The prediction interval limits are quantiles of the specified response distribution. The macro transforms the mean and scale or dispersion parameter (if applicable) estimated by the modeling procedure into the parameters of the response distribution. These parameters are then used in the QUANTILE function to obtain the prediction limits for each observation in the data= data set. Additionally, prediction intervals that include uncertainty in the mean estimate can optionally be produced (type=qu). This is done by using the confidence limits of the mean rather than the estimated mean when obtaining the quantile-based limits.
In the case of a normally distributed response, prediction intervals are directly available using options in the OUTPUT statement in the GLM and REG procedures. Additionally, for a few response distributions including the normal, lognormal, and Weibull distributions, quantile-based prediction limits can be produced using the P= and Q= options in the OUTPUT statement of the LIFEREG procedure.
The coverage proportion in the data= data set can be computed by creating an indicator variable that equals 1 if the prediction interval contains the observed response and 0 otherwise. The mean of this variable over the out= data set is the coverage proportion. This can be done for the intervals with and without including mean uncertainty. However, the coverage proportion for the intervals that include mean uncertainty will generally exceed the nominal coverage probability, 100(1-α).
For binary response data, prediction intervals are not very useful when each observation in the data is a single Bernoulli (binary) response, coded 0 or 1. In such a case, a prediction interval for population i with event probability pi will capture 100% of future observations if the limits contain the entire [0,1] range, or 0% of the observations if the limits are both within the [0,1] range, or 100pi% or 100(1-pi)% of the observations if one limit of the interval falls in the [0,1] range. Prediction intervals can be useful for binomial data in which each observation represents a set of independent Bernoulli trials. Such data are modeled using events/trials syntax in most procedures that fit binary response models. In this case, future observations can have observed event proportions across the [0,1] range and a 100(1-α)% prediction interval might obtain its nominal coverage when the limits fall in the [0,1] range.
Output data sets
The out= data set contains all observations in the data= data set plus variables that contain the limits of the requested prediction intervals. The prediction limit variables are named as specified in lclq= and uclq=, and/or in lclqu= and uclqu= if type=qu or all.
If options=cover is specified, then data set COVER is created that contains the coverage proportion(s) in the data= data set for either or both of the interval types as specified by type=.
These sample files and code examples are provided by SAS Institute Inc. "as is" without warranty of any kind, either express or implied, including but not limited to the implied warranties of merchantability and fitness for a particular purpose.
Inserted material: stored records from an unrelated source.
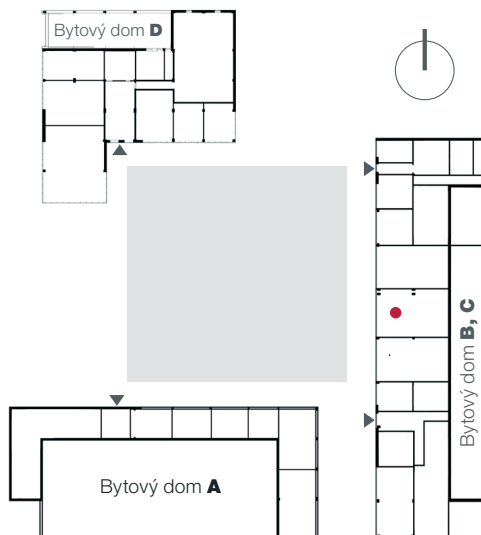

VÝMERA: 28,40 m²
Výmery sú orientačné.

VÝMERA: 89,51 m²

Výmery sú orientačné.

211.03

Istrofinal BD Rudiny II, s.r.o., Mydlárska 8718/7A, Žilina 010 01
Rudiny II, Žilina, www.rudiny.sk
JUDr. Ivana Tkáčová, +421 911 861 507, tkacova@istrofinal.sk

VÝMERA: 98,55 m²

Výmery sú orientačné.

211.04

Istrofinal BD Rudiny II, s.r.o., Mydlárska 8718/7A, Žilina 010 01
Rudiny II, Žilina, www.rudiny.sk
JUDr. Ivana Tkáčová, +421 911 861 507, tkacova@istrofinal.sk

VÝMERA: 86,86 m²
Výmery sú orientačné.

211.05

Istrofinal BD Rudiny II, s.r.o., Mydlárska 8718/7A, Žilina 010 01
Rudiny II, Žilina, www.rudiny.sk
JUDr. Ivana Tkáčová, +421 911 861 507, tkacova@istrofinal.sk

**VÝMERA: 33,94 m²**

Výmery sú orientačné.

VÝMERA: 21,80 m²

Výmery sú orientačné.

VÝMERA: 73,17 m²

Výmery sú orientačné.

VÝMERA: 69,23 m²

Výmery sú orientačné.

Recipients acknowledge and agree that SAS Institute shall not be liable for any damages whatsoever arising out of their use of this material. In addition, SAS Institute will provide no support for the materials contained herein.
These sample files and code examples are provided by SAS Institute Inc. "as is" without warranty of any kind, either express or implied, including but not limited to the implied warranties of merchantability and fitness for a particular purpose. Recipients acknowledge and agree that SAS Institute shall not be liable for any damages whatsoever arising out of their use of this material. In addition, SAS Institute will provide no support for the materials contained herein.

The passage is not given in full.